Research output: Contribution to journalArticlepeer-review

23 Scopus citations

Abstract

Human Pumilio proteins, PUM1 and PUM2, are sequence specific RNA-binding proteins that regulate protein expression. We used RNA-seq, rigorous statistical testing and an experimentally derived fold change cut-off to identify nearly 1000 target RNAs––including mRNAs and non-coding RNAs––that are functionally regulated by PUMs. Bioinformatic analysis defined a PUM Response Element (PRE) that was significantly enriched in transcripts that increased in abundance and matches the PUM RNA-binding consensus. We created a computational model that incorporates PRE position and frequency within an RNA relative to the magnitude of regulation. The model reveals significant correlation of PUM regulation with PREs in 3 untranslated regions (UTRs), coding sequences and noncoding RNAs, but not 5 UTRs. To define direct, high confidence PUM targets, we cross-referenced PUM-regulated RNAs with all PRE-containing RNAs and experimentally defined PUM-bound RNAs. The results define nearly 300 direct targets that include both PUM-repressed and, surprisingly, PUM-activated target RNAs. Annotation enrichment analysis reveal that PUMs regulate genes from multiple signaling pathways and developmental and neurological processes. Moreover, PUM target mRNAs impinge on human disease genes linked to cancer, neurological disorders and cardiovascular disease. These discoveries pave the way for determining how the PUM-dependent regulatory network impacts biological functions and disease states.

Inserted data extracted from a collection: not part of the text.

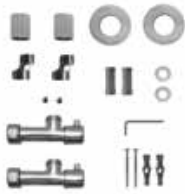

434

€ CHROME € 1.208,00

Disponibili altre finiture a pag. 12
Other finishings available at page 12
Остальные отделки на стр. 12

SC0434FEBA01..
Ricambi disponibili a richiesta
Spare parts available on request
Запасные части под заказ

Scaldasalviette fisso componibile curvo,
CON ROSONI IN BARRA DI OTTONE.
Possibile installazione angolare.

Fixed modular curved heated towel rail,
WITH BRASS BAR WASHERS.
Corner installation possible.

Модульный стационарный полотенцесушитель
изогнутой формы, С НАКЛАДКАМИ ИЗ
ЦЕЛЬНОЙ ЛАТУНИ, допускается угловой монтаж.

Misura del tubo	Ø25 mm
Modulo aggiuntivo	67mm/178mm
Versione combinata	✓
Versione monotubo	✓
Montaggio a pavimento	✓
Collegamento standard	Raccordo 1/2 M con eccentrico
Aromaterapia	✓
Maniglie Swarovski	✓

Pipe dimension	Ø25 mm
Additional Module	67mm/178mm
Combined Version	✓
Single Tube Version	✓
Floor Connection	✓
Standard Connection	Union 1/2 M with eccentric
Aromatherapy	✓
Swarovski Handles	✓

Диаметр трубы	Ø25 mm
Дополнительный модуль	67mm/178mm
Комбинированный версия:	✓
Однотрубная версия	✓
Нижнее подключение	✓
Стандартное соединение	соединение 1/2 M с эксцентриком
Ароматерапия:	✓
Ручки Swarovski	✓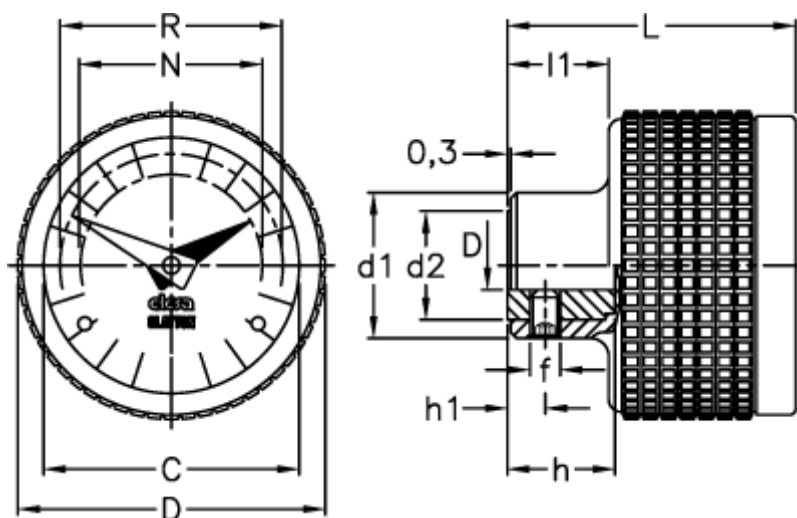

Varenummer: 2307056192
Beskrivelse: E+G Indikator
MBT.50/GA11-0050-S

Mål

C	= 42	L	= 48
D	= 51	l1	= 16.5
d1	= 24	N	= 30
d2	= 18	R	= 37
d H7	= 8		
f	= M5		
h	= 17		
h1	= 6

Original languageEnglish (US)
Pages (from-to)362-386
Number of pages25
JournalNucleic acids research
Volume46
Issue number1
DOIs
StatePublished - Jan 9 2018

Bibliographical note

Funding Information:
American Cancer Society Research Scholar Grant [RSG-13–080-01-RMC to A.C.G.]; National Institute of General Medical Sciences, National Institutes of Health [R01GM105707 to A.C.G., R00GM097033 to P.L.F.]; University of Michigan Center for Genetics and Genomics Pilot Feasibility Grant (to A.C.G., T.L.S.); Promega Corporation; Michigan Predoctoral Training Program in Cellular Biotechnology through NIH National Research Service Award [5T32GM008353 to J.A.B.]. Funding for open access charge: Institutional Funds from the University of Minnesota. Conflict of interest statement. None declared.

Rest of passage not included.